No sé a dónde vamos a parar. Tanta mierda flotando alrededor nuestra impide que olamos el tufillo que emana hace años. De la COTMAC a la reforma del mercado laboral; de los gastos en telefonía móvil a lo que pide y le piden a través del suyo el alcalde más solicitado de la Comunidad, Berto González Reverón. Pero que las playas urbanas se llenen de cuando en cuando de mierda debería servir para que esta sociedad aletargada, casi al borde de la hipnosis, embutida en un trabe mental sobre si los fichajes multimillonarios del Madrid harán sombra algún domingo como este al fútbol elevado a la categoría de arte del Barça, despierte de una vez y exija, más allá de cada cuatro años -si es que realmente exige algo cuando introduce el sobre por la ranurita de cristal- una cuenta de resultados al día a quienes manejan nuestra barca. Ya no sólo en Las Canteras, también en Las Teresitas.

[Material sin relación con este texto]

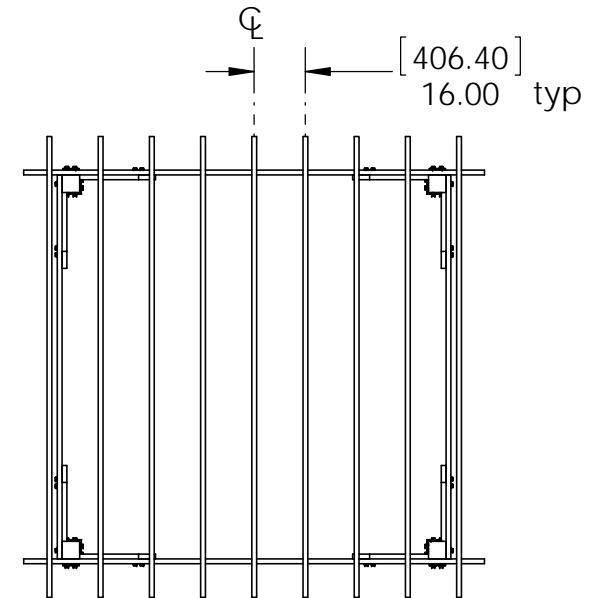

OZCO Project #311 - 12x12 Pergola Patio Shade Structure A

ITEM NO.	OZCO Project #311 - 12x12 Pergola Patio Shade Structure A/QTY.	PART NUMBER	DESCRIPTION
1	4	6x6 Post	8 feet
2	2	2x6 Board	2x6x144.00
3	2	2x6 Board	2x6x120.00
4	8	2x6 Board	2x6x36.00
5	4	56635-10	6" Post to Beam
6	9	2x4 Board	2x4x144.00
7	4	56608	Assembly, 6x6 Post Base
8	1	56628	Screw, OWT 5-3/4" (145mm) Timber with HCN
9	2	56617	2" Standard Rafter Clip
10	1	56626	Screw, OWT 2-3/4" (70mm) Timber with HCN

Suggested Tools

(others may be required)

Project 311 12x12 Pergola Patio Shade
Structure A

if site is not level,
see Ozco Site Leveling instruction

site

step 1

Project 311 12x12 Pergola Patio Shade Structure A

step 2

Project 311 12x12 Pergola Patio Shade Structure A

step 3

Project 311 12x12 Pergola Patio Shade Structure A

step 4

Project 311 12x12 Pergola Patio Shade Structure A

step 5

Project 311 12x12 Pergola Patio Shade Structure A

Como todavía no me he decidido a mudarme a Santa Cruz -este lunes, por ejemplo, la vía penal de Tebeto se abre en Vegueta, justo al lado del sanedrín- no puedo hablar de qué significa para los chicharreros Las Teresitas. Tienen, además, otros espacios grandes, limpios y libres para el relajamiento. Pero para un ciudadano de Las Palmas de Gran Canaria, para un canario de Las Palmas en gentilicio también mío de Pepe Alemán, la playa de Las Canteras es el único pulmón, en este caso amarillo, que tiene esta urbe acogotada sobre el istmo de Santa Catalina. Este domingo, tan especial, el ir y venir de gentes iguales -por lo del bañador, no por la figura- era un fiel reflejo de aquello de que en la orilla y bajo la sombrilla, todos somos iguales ante la marea y el solajero. Que las diferencias de clase se diluyen bajo el agua del Charcón o Punta Brava, de La Cícer al Muro Marrero.

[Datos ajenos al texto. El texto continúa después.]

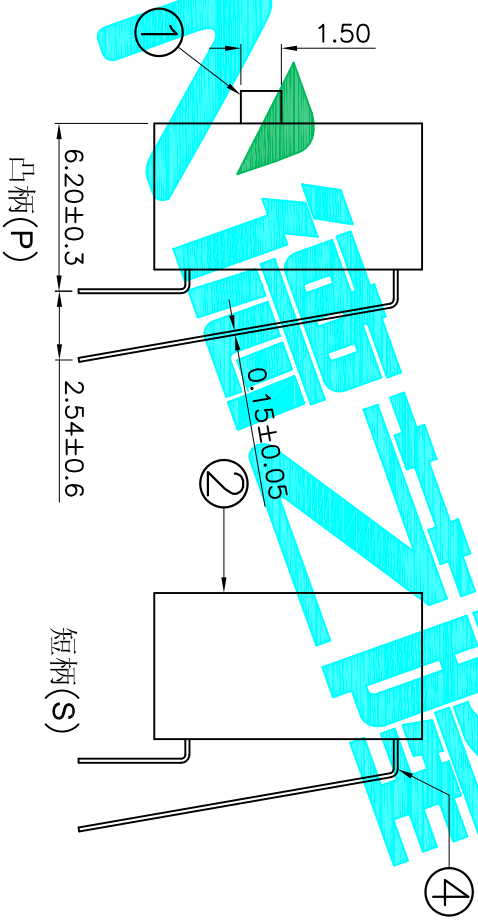

- NOTE:
1. Rating: 24V 25mA DC
  2. Contact Resistance: 50mΩ max
  3. Dielectric Strength: 500V AC/1Minute
  4. Operating Force: 1000gf Max
  5. Operating Life: 2,000 Cycles

Position(位数)	2P	3P	4P	5P	6P	7P	8P	9P	10P	12P
DIM.A(长径)	6.64	9.18	11.72	14.26	16.80	19.34	21.88	24.42	26.96	32.04
DIM.B(长径)	2.54	5.08	7.62	10.16	12.70	15.24	17.78	20.32	22.86	27.94

PART NO.	凸柄 (P)	短柄 (S)	凸柄 (R)	凸柄 (P)	短柄 (S)
DA-02RP	DA-03RP	DA-04RP	DA-05RP	DA-06RP	DA-07RP
DA-02RS	DA-03RS	DA-04RS	DA-05RS	DA-06RS	DA-07RS
DA-02BP	DA-03BP	DA-04BP	DA-05BP	DA-06BP	DA-07BP
DA-02BS	DA-03BS	DA-04BS	DA-05BS	DA-06BS	DA-07BS

ECN NO.	REV.	DATE.	DESCRIPTION.	CHANGE.	CHECK.	APPRO.
	A		NEW			

APPROVALS		DATE
DRAWN	G.M.Chen	2015/6/26
CHECKED		
APPROVALS		

TOLERANCES ARE

30 <sup>±0.15</sup>	±0.30	ANGLE
10 <sup>±0.10</sup>	±0.20	
9 <sup>±0.10</sup>	±0.15	±2°
~ 5	±0.10	

PART NO. DA-XXXX

TITLE: DIP SWITCHES

DEALON 德之隆 ELECTRONICS CO.,LTD

SCALE: 1:1 SHEET 1 OF 1

PROJ.

ITEM	PART NAME	QTY.	MATERIAL	FINISHING
⑤	Gum Water	X	Epikote	Black
④	Terminal	X	Phosphor bronze	Au Plating
③	Base	1	PBT	Black
②	Cover	1	PBT	Red/Blue
①	Keystoke	1	PBT	White

¿Se imaginan ustedes que del no se recomienda el baño un día, que llegará, al tiempo, Sanidad imponga la restricción total a pisar, descalzos, la arena? ¿Qué sería de esta ciudad, sin aire más que ante la ventana de la Avenida? Hagan el favor, y no se me relajen: exijan preservar lo nuestro, que es de todos y no de ellos. Empezando por la playa (Las Canteras, Las Teresitas, la del Reducto, da igual) y después empiecen a mirar para arriba: hasta la loma de presunto picón de Tebeto, hacia los alquileres de chaslenes de chicha y nabos, hacia los pactos putrefactos decididos en despachos de empresarios, hacia los que nos gobiernan, que nos afecta, quieran o no, a todos.

De lo contrario, el consejero delegado de turno (de Presidencia, Interior o Defensa, todo se andará) sacara los tanques a la calle cuando del cerebro humano sólo quede en primera página, en vez de una reivindicación de normalidad democrática y sociedad civil, otra reyerta sangrante a la puerta de los Juzgados porque me miraste mal el otro día en aquella esquina de atrás. Para babeo de los titulares de Televisión Canaria.